First and foremost, the primary treatment goal to treat tetany caused by PTH deficiency is to correct hypocalcemia and stabilise calcium levels, in order to minimise any risks or complications, and prevent further episodes of tetany. This is achieved by a combination of pharmacological and supportive therapies:

• Calcium supplementation (such as oral calcium salts like calcium carbonate or calcium citrate) to raise calcium levels
• Vitamin D supplementation (such as calcitriol or D3 to facilitate calcium absorption in intestines and support calcium channels in kidneys and bones)
• PTH replacement – recombinant human parathyroid hormone (rhPTH) may be an option to consider for long term management, which has shown promising results to substitute vitamin D supplementation and calcium, reducing the frequency of tetany episodes
• Magnesium Supplementation – to combat comorbid PTH deficiency and hypomagnesemia, to improve tissue responsiveness

With appropriate treatment combating all symptoms arising from PTH deficiency and tetany, studies have shown a good prognosis with good quality of life. However, in cases where PTH deficiency is chronic in nature, care must be taken to ensure life-long management of symptoms and medications. Adjustments to diet may be made such as in supplementation and attention to detail in monitoring medication to avoid calcium deposits in kidneys. Furthermore, tetany can result in various symptoms that maybe debilitating; ensuring symptoms such as muscle cramps, fatigue etc, uncommitted in daily activities involves effective treatment and instrumental support to improve independence in daily living.²¹

Summary

Tetany related to PTH deficiency is a serious condition, which presents due to neuromuscular hyperexcitability arising from disruptions in calcium balance.

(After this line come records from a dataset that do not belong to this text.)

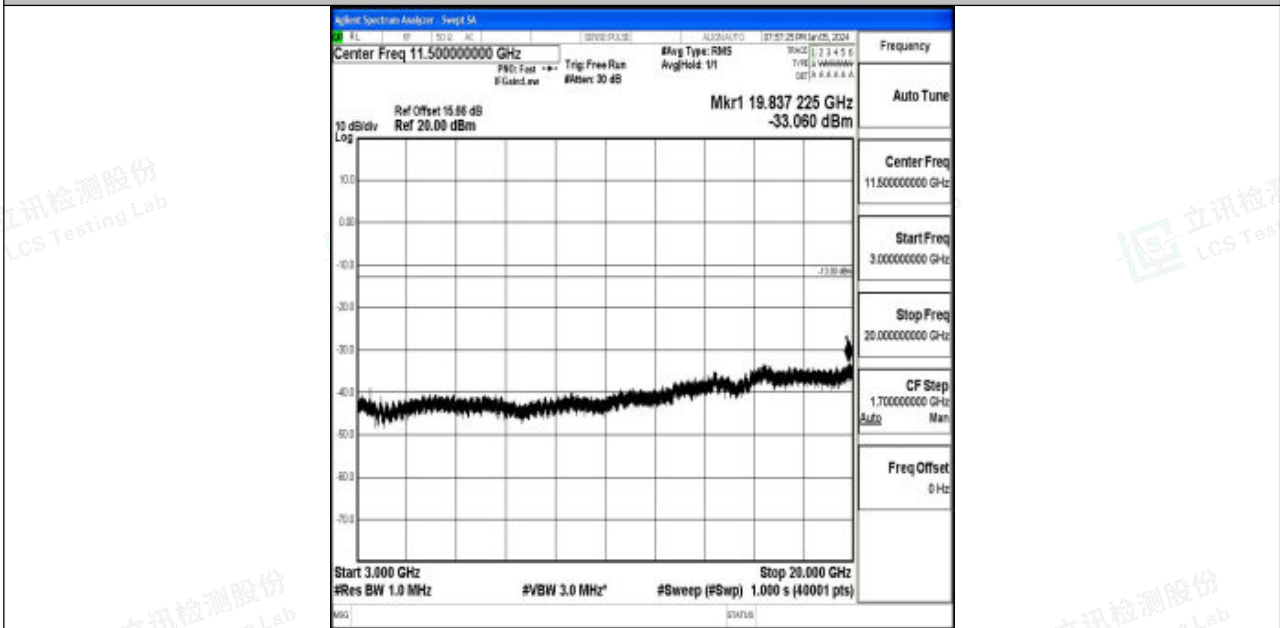

Band4_20MHz_16QAM_20050_1RB#0_3000~20000_3000~20000

Band4_20MHz_QPSK_20175_1RB#0_0.009~0.15_0.009~0.15

Band4_20MHz_QPSK_20175_1RB#0_0.15~30_0.15~30

Band4_20MHz_QPSK_20175_1RB#0_30~1000_30~1000

Band4_20MHz_QPSK_20175_1RB#0_1000~3000_1000~3000
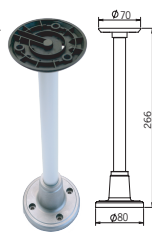

* Aluminum Pole Length Options

Wall Mounting with Bracket

No	Part #	Description
1	MAP-0225	Ø20mm, 8.86 in (Length 225mm) Pole
	MAP-0240	Ø20mm, 9.45 in (Length 240mm) Pole
	MAP-0750	Ø20mm, 29.53 in (Length 750mm) Pole
	MAP-1000	Ø20mm, 39.37 in (Length 1000mm) Pole
2	MAM-B070C	Ø70mm Plastic Base
	MAM-B070D	Ø70mm Plastic Base With Water-Proof Rubber Gasket
6	MAP-DS30-BLK	Plastic Wall Mounting Bracket, Black Color (Pole & Base required)
	MAP-DS30-BGE	Plastic Wall Mounting Bracket, Beige Color (Pole & Base required)
	MAP-DS40-BLK	Plastic Wall Mounting Bracket, Black Color (Pole & Base required)
	MAP-DS40-BGE	Plastic Wall Mounting Bracket, Beige Color (Pole & Base required)
	MAM-DS28	Metal Wall Mounting Bracket (Pole & Base required)

SAM-CP
MAP-0240
MAM-B070C

SAM-MP
MAP-0240
MAM-DS25

SAM-TP
MAP-0240
MAM-DS32

MS86 series dedicated part

SAM-D31
SAM-DP
MAM-DS31

SAM-M31
SAM-MP
MAM-DS31

SAM-T31
SAM-TP
MAM-DS31

SAM-T115
ø25 POLE L : 200mm
MAM-DS35

SAM-T135
ø25 POLE L : 200mm
MAM-DS35

Wall Mounting Bracket

MAP-DS30
Plastic

MAP-DS40
Plastic

MAM-DS25
Steel

MAM-DS26
Steel

MAM-DS27
Steel

MAM-DS28
Steel
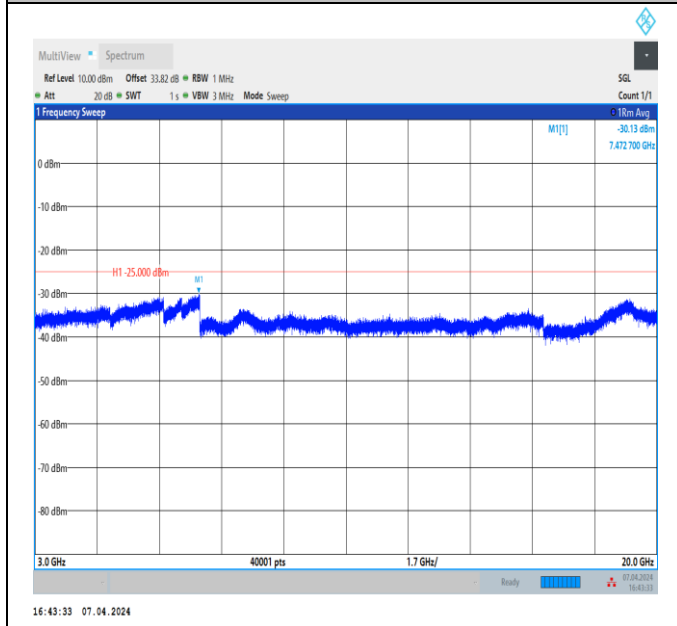

Band7_5MHz_QPSK_20775_1RB#0_30~1000_30~1000

Band7_5MHz_QPSK_20775_1RB#0_3000~20000_3000~20000
000
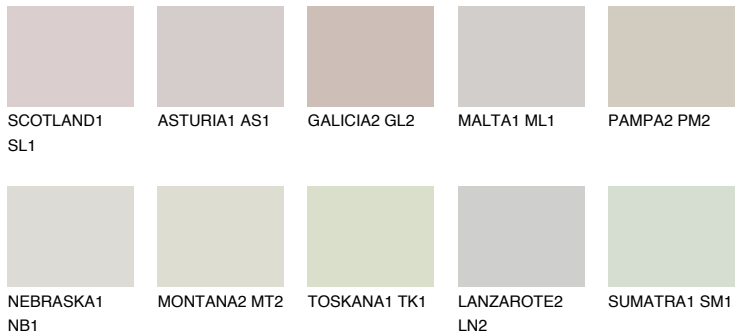

NEBRASKA2 NB2

60% **TSR** 53%

Matching colours

COLOURS

INTENSE

For more information on plasters and paints, go to www.ceresit.en

*The presented colours refer to plasters and paints offered by Ceresit. Due to the use of digital techniques, the presented colours might not represent the original ones, thus they cannot be considered as a reliable colour presentation. We recommend checking the authentic colour samples.
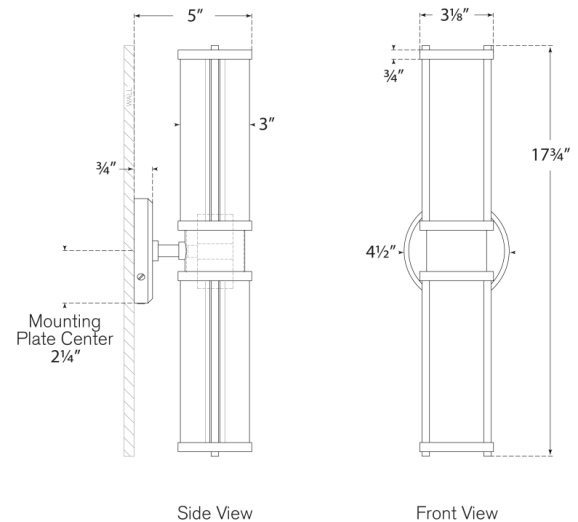

## Natural Brass

- Socket: 2 - E26 Keyless
- Wattage: 2 - 40 T10
- Weight: 4 Pounds
- Extension: 5"
- Backplate: 4.5" Round

## Measurements

RL 2093NB

4.5"W x 17.75"H | 11.4W x 45H CM

RALPH LAUREN
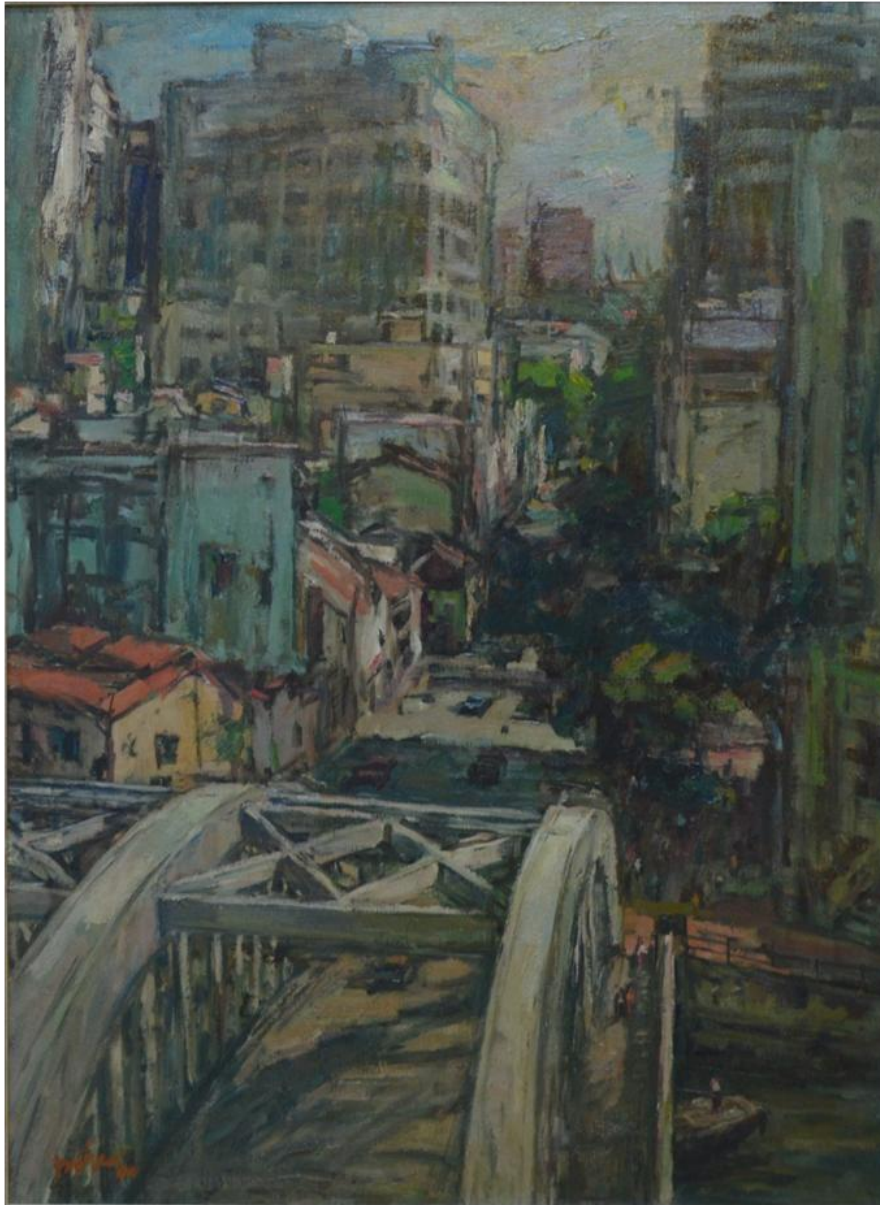

Chen Wen Hsi, *Egret and Lotus*, Chinese ink on Paper, 95 x 37 cm

Ong Kim Seng, *Patan Square, Nepal*, 2015, Watercolour on paper, 53 x 72 cm

Affordable . High Quality

artcommune gallery Pte Ltd 集菁艺社

'The Artist's Choice'

Tan Choh Tee, *North Bridge Road*, 1994, Oil on canvas, 96 x 70 cm

Affordable . High Quality

Fan Chang Tien, *Bamboo*, Chinese ink on Paper, 138 x 68 cm

Ang Ah Tee, *Li Jiang, China*, 2008, Oil on canvas, 74 x 100 cm
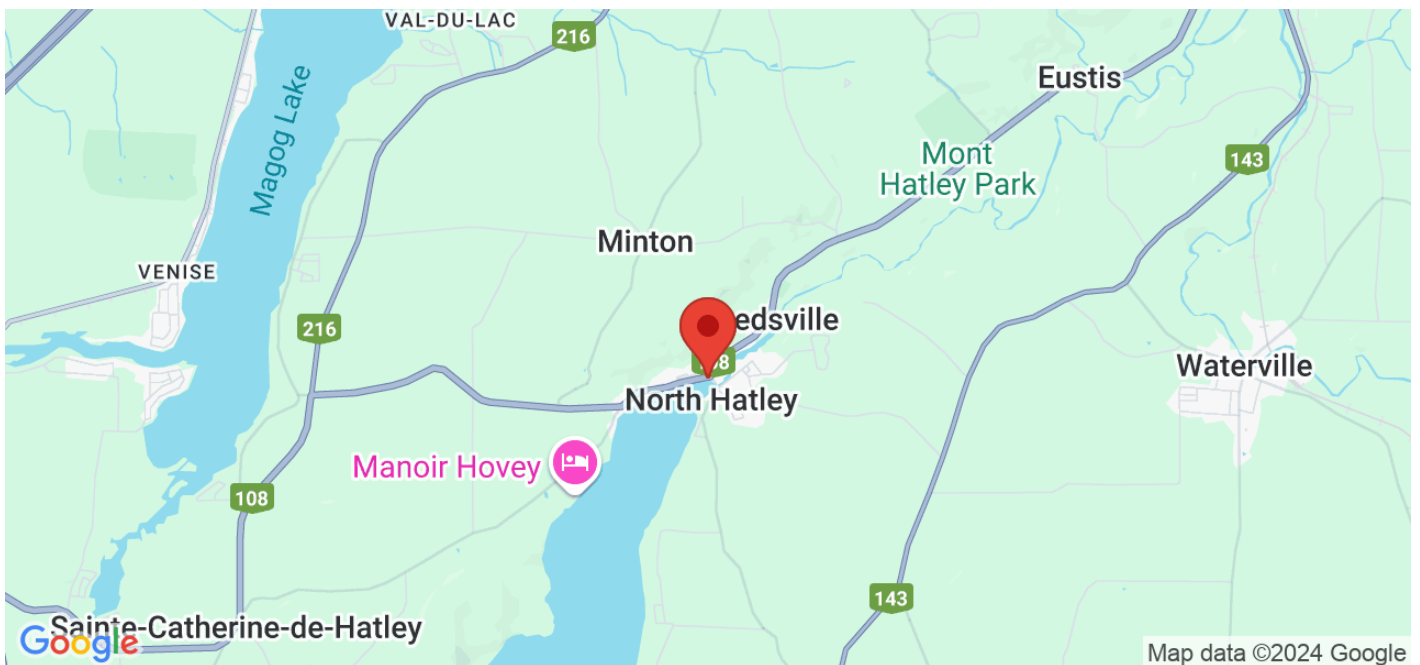

Reflective

Parc Dreamland

Located at the tip of the Massawippi lake, downtown North Hatley at the junction of Capelton and Main streets, featuring a bandstand where concerts are presented through the summer.

Duration

15 min

Dogs

Dogs allowed

Address

[Parc Dreamland](#)

Services

- Accessibility for reduced mobility
- Rest area
- Observation point
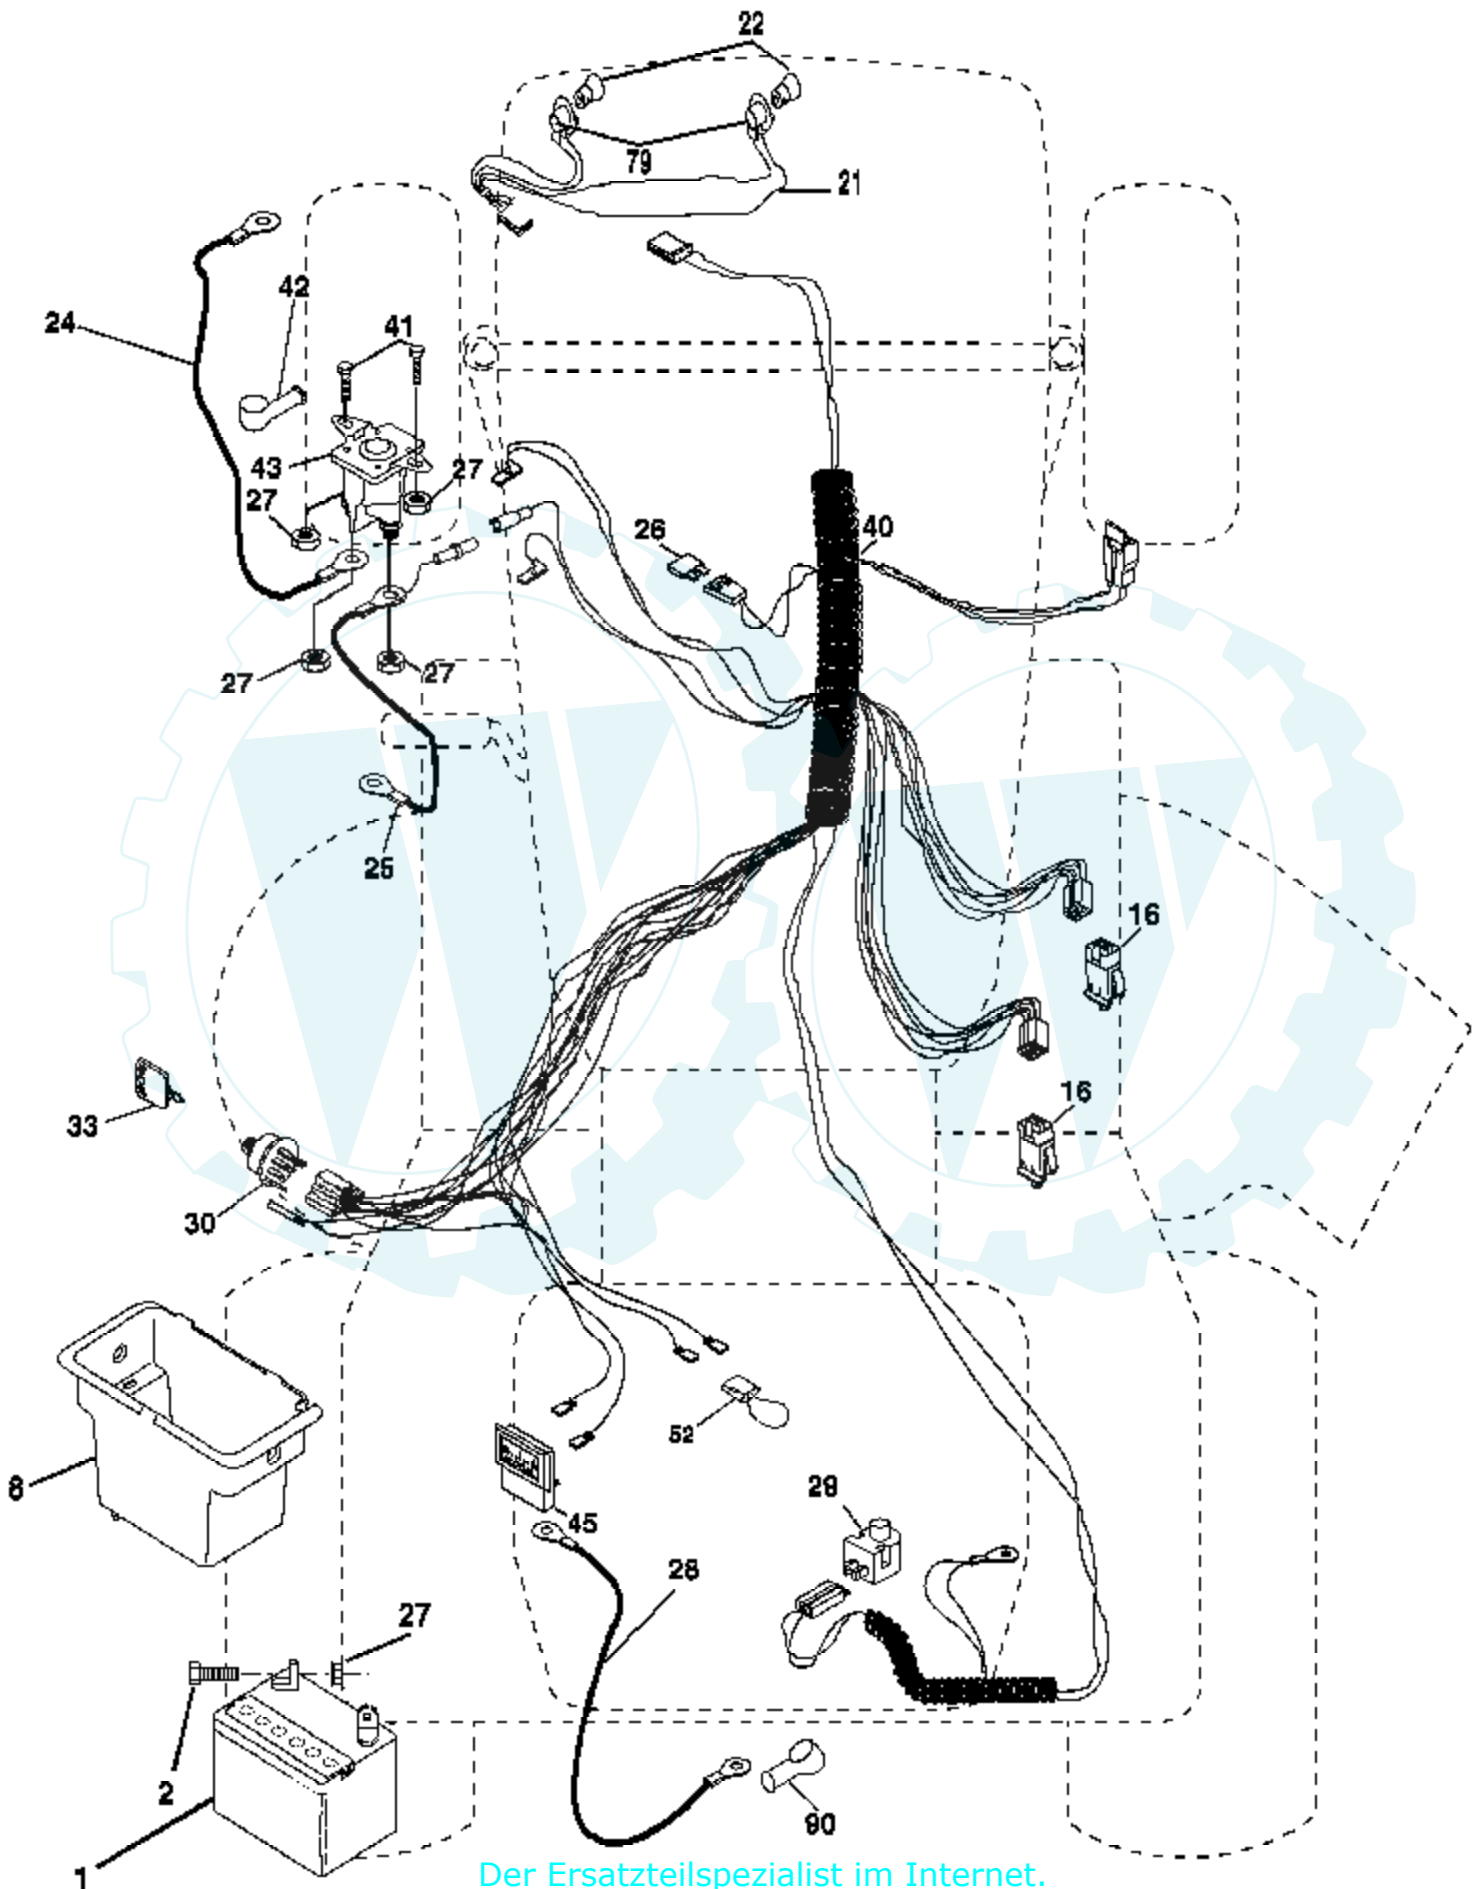

Ref #	Part Number	Qty	Description
1	163465		Battery
2	74760412		Bolt Hex Hd 1/4-20unc X 3/4
8	176689		Battery Box
16	176138		Switch Interlock Push-In
21	175685		Harness Socket Light
22	4152J		Bulb, Light # 1156
24	4799J		Cable Battery
25	146147		Cable Battery 6 Ga Red w/16 wire
26	175158		Fuse
27	73510400		Nut Keps Hex 1/4-20 Unc
28	4207J		Cable Ground 6ga 12 black
29	121305X		Switch Plunger Nc Gray
30	175566		Switch Ign
33	140401		Key Ign Molded Generic
40	179720		Harness Ign
41	71110408		Bolt Fin Hex 1/4-20unc x 1/2
42	131563		Cover Terminal Red
43	178861		Solenoid
45	121433X		Ammeter Rectangular
52	141940		Protection Loop
79			UNKNOWN
90	180449		Cover Terminal
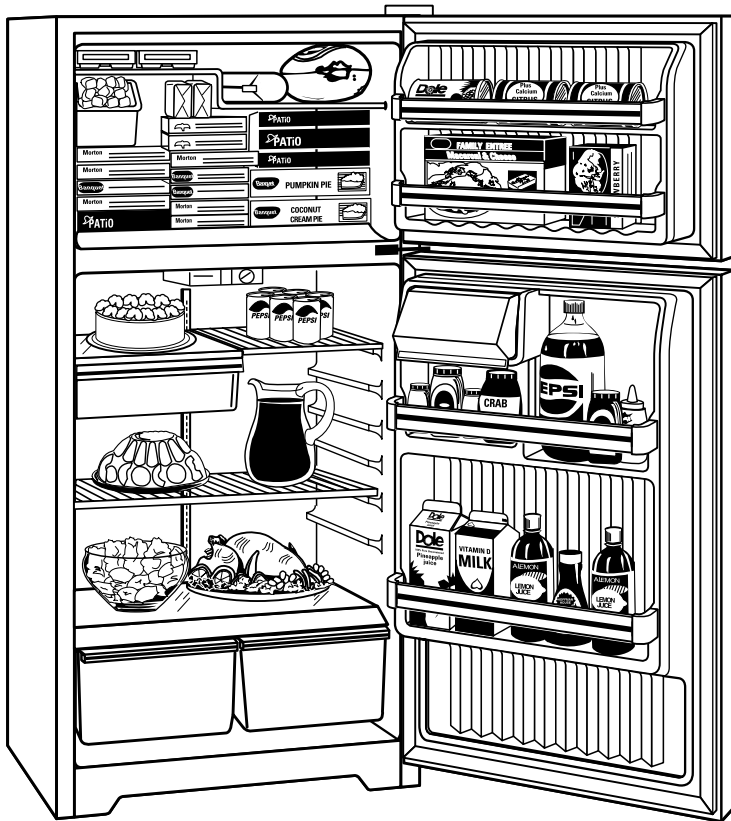

Listed by
Underwriters
Laboratories

EnergySmart

Today's GE refrigerators use about 50% as much energy as refrigerator models made in 1980.

GE Appliances

TBX18BADWW—GE 17.6 Cu. Ft. Top-Freezer Refrigerator

Features and Benefits

- 17.6 cu ft Capacity (Fresh Food 13.62 cu ft / Freezer 4.01 cu ft)
- 2 Full-Width Adjustable Wire Everwhite Cabinet Shelves
- 2 Fixed Fresh Food Door Shelves
- Vegetable/Fruit Crispers
- Snack Pan
- Dairy Compartment
- 1 Full-Width Wire Everwhite Freezer Compartment Shelf
- 2 Freezer Door Shelves
- Equipped for Optional Automatic Icemaker
- 2 Ice 'N Easy Trays with Ice Storage Bin
- Color-Matched Deluxe Door Handles
- Model TBX18BADWW - White on white
- Model TBX18BADAA - Almond on almond
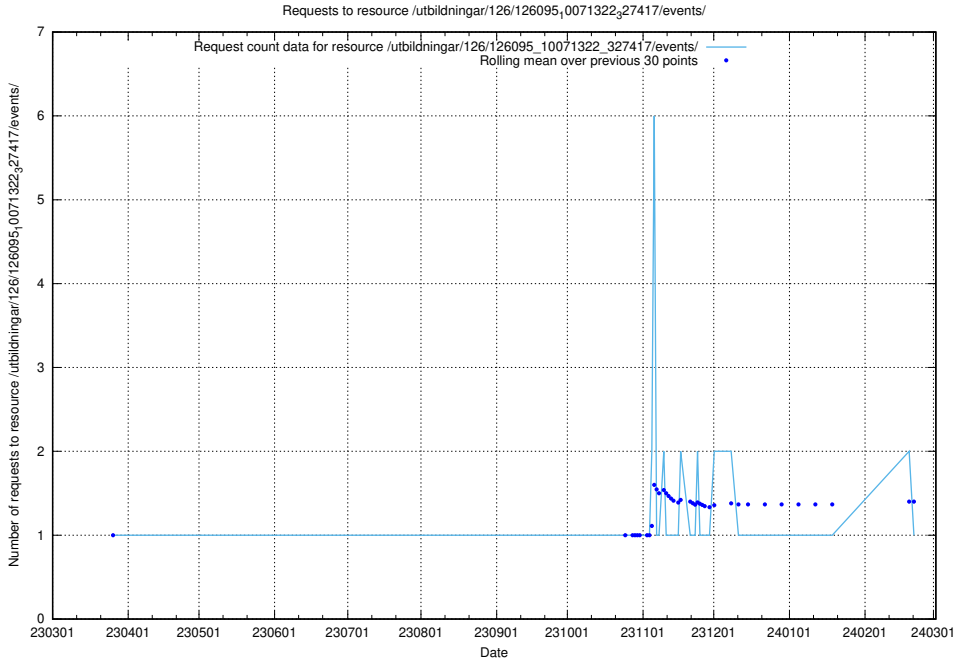

5.5855 Usage of /utbildningar/126/126095_10071322_327417/events/

Here, we count the number of requests to resource /utbildningar/126/126095_10071322_327417/events/

A multidisciplinary treatment involving both supplementary, dietary and quality of life treatments (calcium, vitamin D replacement, PTH replacement, and correction of magnesium imbalance) is crucial to help manage PTH deficiency and reduce recurrence of tetany. With adequate treatment and careful follow-up, good long-term results can be obtained in such patients. Prevention strategies such as lifestyle changes and regular follow-up in a clinical setting contribute to maintaining the balance of calcium and preventing recurrent tetany.